• Data to use
= Beginning of Section =

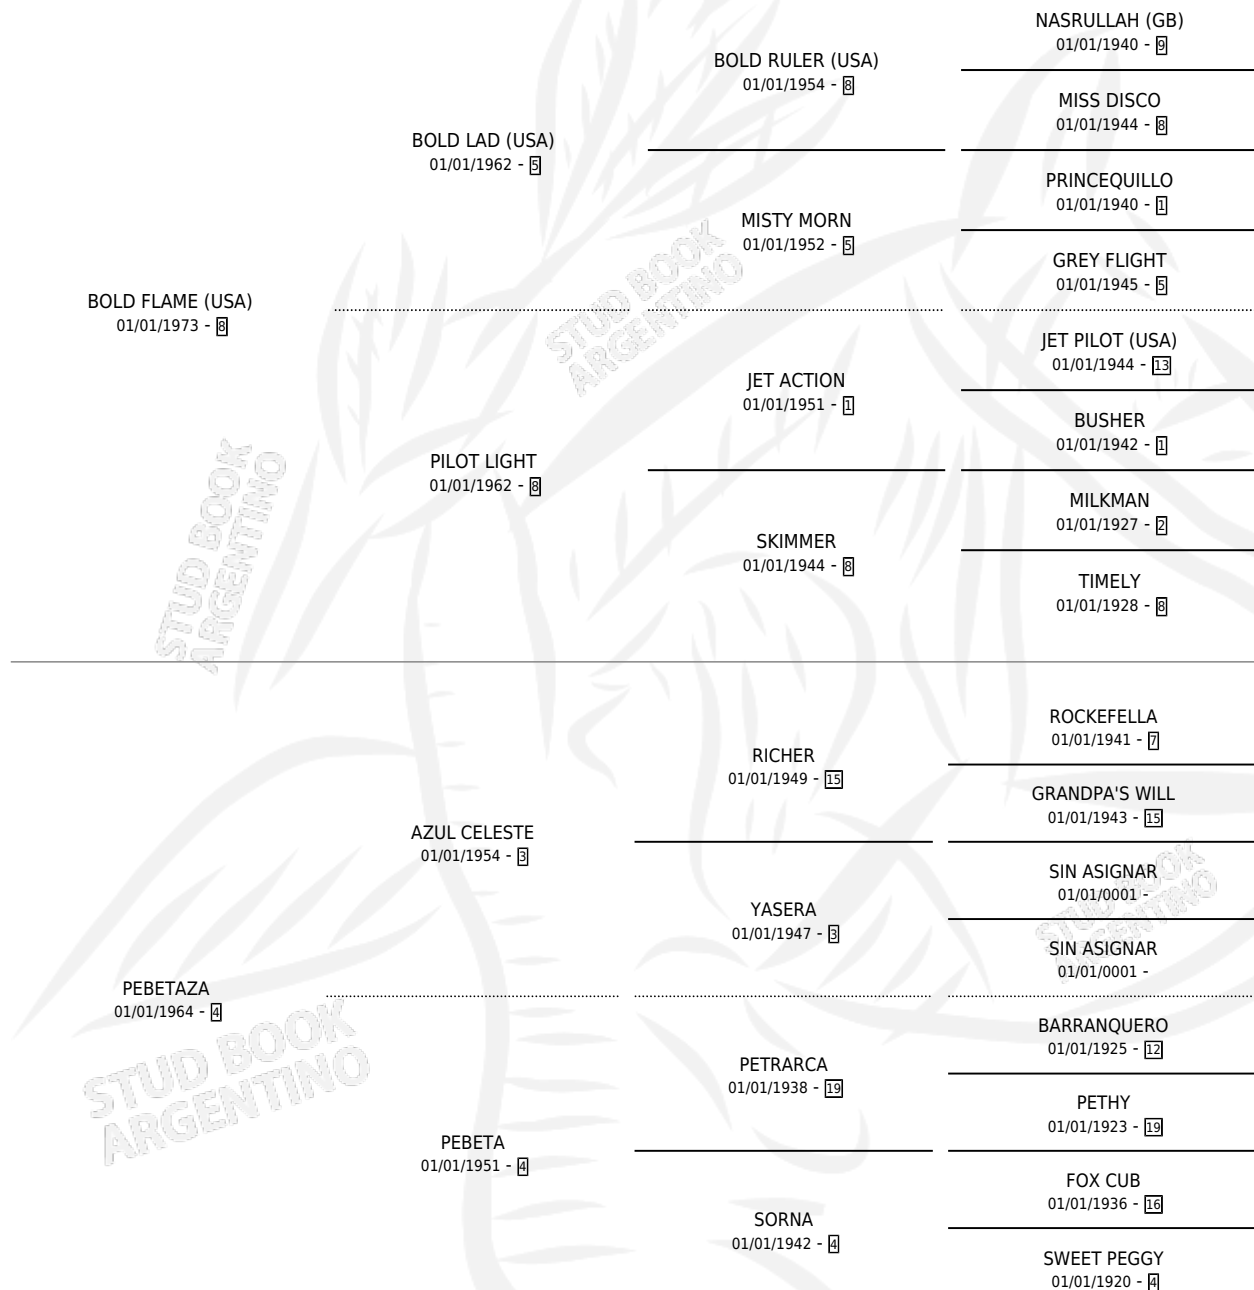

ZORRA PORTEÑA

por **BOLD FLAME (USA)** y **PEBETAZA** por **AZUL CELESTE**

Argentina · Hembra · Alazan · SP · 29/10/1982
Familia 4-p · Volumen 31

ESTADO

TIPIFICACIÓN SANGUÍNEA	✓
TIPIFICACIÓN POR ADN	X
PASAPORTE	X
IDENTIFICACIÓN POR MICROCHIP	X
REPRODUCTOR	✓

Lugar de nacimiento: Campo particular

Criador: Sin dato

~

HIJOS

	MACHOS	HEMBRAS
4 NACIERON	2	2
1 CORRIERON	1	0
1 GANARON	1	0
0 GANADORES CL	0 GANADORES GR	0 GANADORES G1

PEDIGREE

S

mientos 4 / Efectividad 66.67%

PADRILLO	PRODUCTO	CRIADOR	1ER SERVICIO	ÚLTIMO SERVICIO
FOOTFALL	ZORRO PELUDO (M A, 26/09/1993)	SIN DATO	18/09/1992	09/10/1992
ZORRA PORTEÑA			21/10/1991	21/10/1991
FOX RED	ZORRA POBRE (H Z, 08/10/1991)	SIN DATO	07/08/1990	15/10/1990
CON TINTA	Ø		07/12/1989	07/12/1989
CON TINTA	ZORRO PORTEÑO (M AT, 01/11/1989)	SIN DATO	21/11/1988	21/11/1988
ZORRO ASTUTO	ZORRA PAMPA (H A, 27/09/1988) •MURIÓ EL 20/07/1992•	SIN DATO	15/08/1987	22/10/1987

= End of Section =

• To do
Your job is to return all lines above that hold the word "ZORRO".

• Problem solution
FOOTFALL	ZORRO PELUDO (M A, 26/09/1993)	SIN DATO	18/09/1992	09/10/1992
CON TINTA	ZORRO PORTEÑO (M AT, 01/11/1989)	SIN DATO	21/11/1988	21/11/1988
ZORRO ASTUTO	ZORRA PAMPA (H A, 27/09/1988) •MURIÓ EL 20/07/1992•	SIN DATO	15/08/1987	22/10/1987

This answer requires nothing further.